Aristophanes’ “Acharnians” was produced in 425 B.C., six years into the war.

Athenian hopes for a quick end to the war had been dashed. The city center, packed with refugees called in from the countryside by strategic plan, had become an unsanitary breeding ground for sickness, plague and human misery.

The play is named after the citizens of the town in Athenian territory that was most devastated by regular invasions of the army of the Spartans and their allies. The main character, Dikaiopolis (“Mr. City Justice”), decides to enact a separate truce with the Spartans.

This kind of fantasy and its accompanying political bite are no more outlandish than what we read in fantastic treatments of the human costs of World War II or Vietnam and now Iraq and Afghanistan, like Vonnegut’s “Slaughterhouse-Five,” Joseph Heller’s “Catch-22,” Tim O’Brien’s “Going After Cacciato” and Ben Fountain’s recent “Billy Lynn’s Long Halftime Walk.” These works ask readers who have gotten used to war, consider it the norm or perhaps do not think about it much at all to take a look at its consequences and imagine what their lives might look like if their nation were at peace.

On late Sunday morning, the day after the National Endowment for the Humanities-Aquila event, my fiancée and I went to the historic Santa Monica pier, which for over a century has been offering visitors amusements — thrill rides, a carousel, dance halls, portrait artists, musicians, restaurants, fishing spots, bait shops, arcades, an aquarium — and spectacular elevated views along a beautiful sandy shoreline.

Below the pier, spreading out along the beach, as on every Sunday, Veterans for Peace had set up what they call Arlington West, a cemetery of crosses representing soldiers who have died in Afghanistan and Iraq (white for one soldier, red for ten soldiers), laid out as in American military cemeteries.

There are also flag-draped coffins. Mementos, photographs and fresh-cut flowers were placed at some crosses.

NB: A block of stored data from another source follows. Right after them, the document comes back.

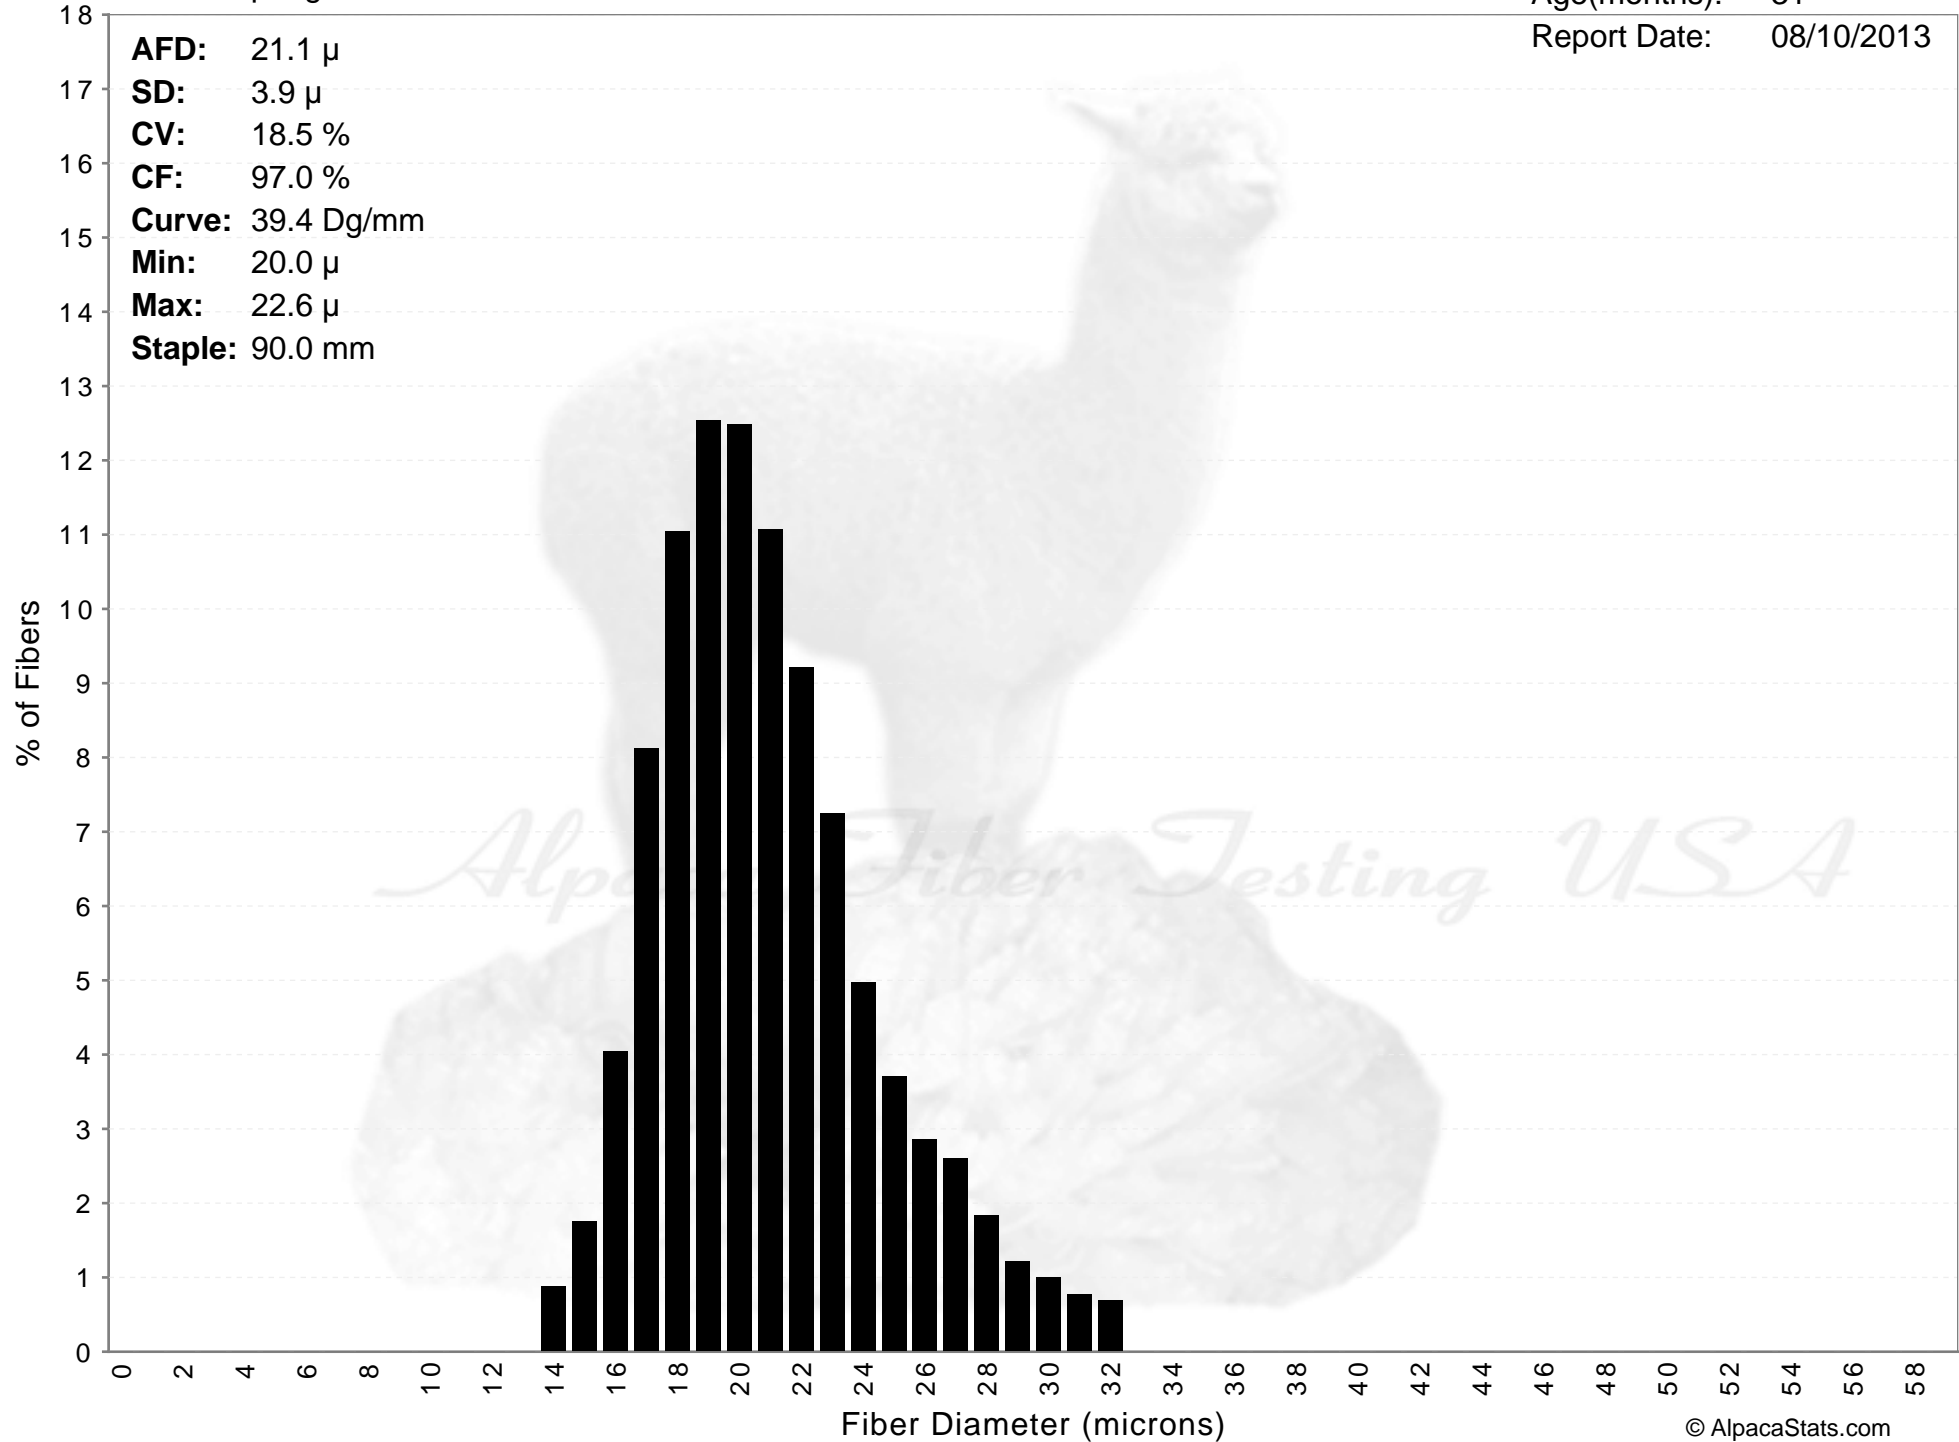

Painted Spring Farm

# EDEN

Age(months): 31  
Report Date: 08/10/2013

**AFD:** 21.1  $\mu$   
**SD:** 3.9  $\mu$   
**CV:** 18.5 %  
**CF:** 97.0 %  
**Curve:** 39.4 Dg/mm  
**Min:** 20.0  $\mu$   
**Max:** 22.6  $\mu$   
**Staple:** 90.0 mm

**AFD:** 21.1  $\mu$   
**SD:** 3.9  $\mu$   
**CV:** 18.5 %  
**CF:** 97.0 %  
**Curve:** 39.4 Dg/mm  
**Min:** 20.0  $\mu$   
**Max:** 22.6  $\mu$   
**Staple:** 90.0 mm
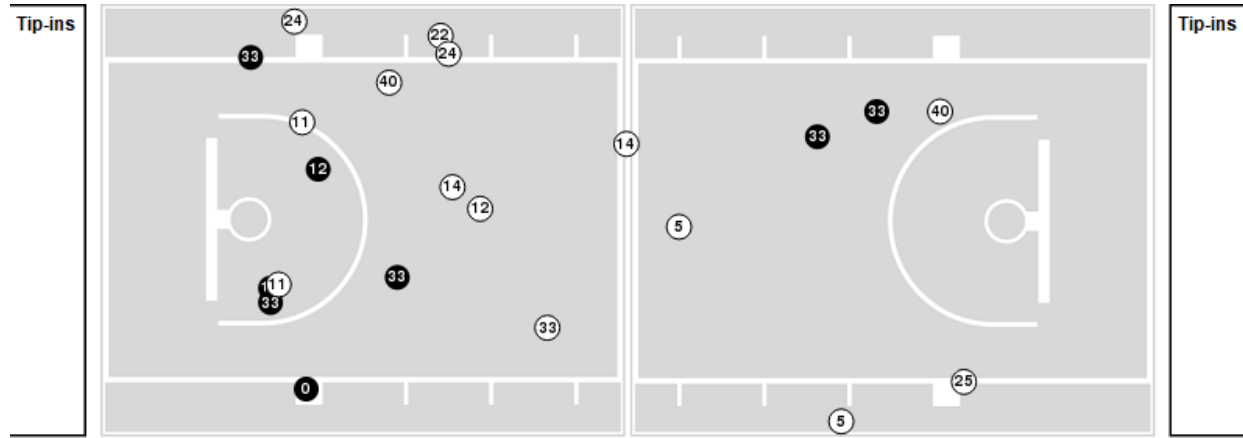

Blow Up Chart

● Made   ○ Missed   N - Player Number

Houston Christian	M/A	%
Field Goals	14/49	29
2 Points	12/34	35
3 Points	2/15	13
Free Throws	5/8	62

Houston Christian	M/A	%
Points in the Paint	12 (6 / 15)	40
Fast Break Points	2 (1/1)	100
Second Chance Points	7 (4/8)	50
Effective FG%	31
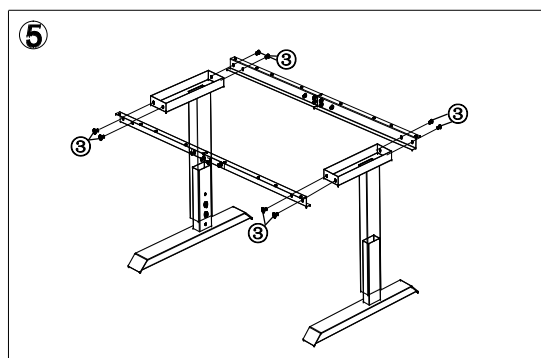

ASSEMBLY INSTRUCTIONS

SVIVE™
ALTAIR
GAMING DESK
BLACK
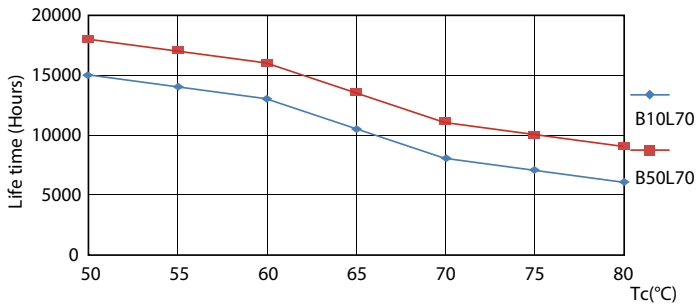

Product data

General Information	
Cap base	G13 [Medium Bi-Pin Fluorescent]
EU RoHS compliant	Yes
Nominal lifetime (nom.)	15000 h
Switching cycle	50,000X
Light Technical	
Colour Code	740 [CCT of 4,000 K]
Beam Angle (Nom)	240 °
Luminous flux (nom.)	800 lm
Colour designation	Cool White (CW)
Correlated Colour Temperature (Nom)	4000 K
Luminous efficacy (rated) (nom.)	100.00 lm/W
Colour consistency	<7
Colour rendering index (nom.)	73
LLMF at end of nominal lifetime (nom.)	70 %
Operating and Electrical	
Input frequency	50 to 60 Hz
Power (Rated) (Nom)	8 W
Starting time (nom.)	0.5 s
Warm-up time to 60% light (nom.)	0.5 s
Power factor (nom.)	0.5

Voltage (Nom)	220–240 V
Temperature	
T-ambient (max.)	45 °C
T-ambient (min.)	-20 °C
T storage (max.)	65 °C
T storage (min.)	-40 °C
T-Case maximum (nom.)	60 °C
Controls and Dimming	
Dimmable	No
Mechanical and Housing	
Product length	600 mm
Bulb shape	Tube, double-ended
Approval and Application	
Energy-saving product	Yes
Suitable for accent lighting	No
Approval marks	RoHS compliance KEMA Keur certificate
Energy consumption kWh/1,000 hours	8 kWh

Photometric data

LEDtube 600mm 8W 740 T8 CN I G

LEDtube 600mm 8W 765 T8 CN I G

LEDtube 600mm 8W G13 T8 740 800lm AP C G

Essential LEDtube

Lifetime

LEDtube 16W G13 740 T8 AP I G

LEDtube 16W G13 740 T8 AP I G

When we were there, one lone man, most likely a veteran, very tall and moving with crisp formality, marched up, stood at attention and called out his respects to the fallen soldiers. He then turned and strode away and out of sight.

He went virtually unnoticed by the crowds of people on the pier, distracted as we were by the sounds and sights of the diversions that had brought us to the pier.

I still had Aristophanes’ questions in my mind. Who fights our wars? At what costs to them and to us? For what reasons? Who cares?

As veteran Timothy Kudo put it in a New York Times article (Nov. 8, 2011) about his experiences in our current wars: “It’s not the sights, sounds, adrenaline and carnage of war that linger (for veterans). “It’s the morality. … I thought my war was over, but it followed me back.”

That lone veteran on the Santa Monica Beach gave me the same answer.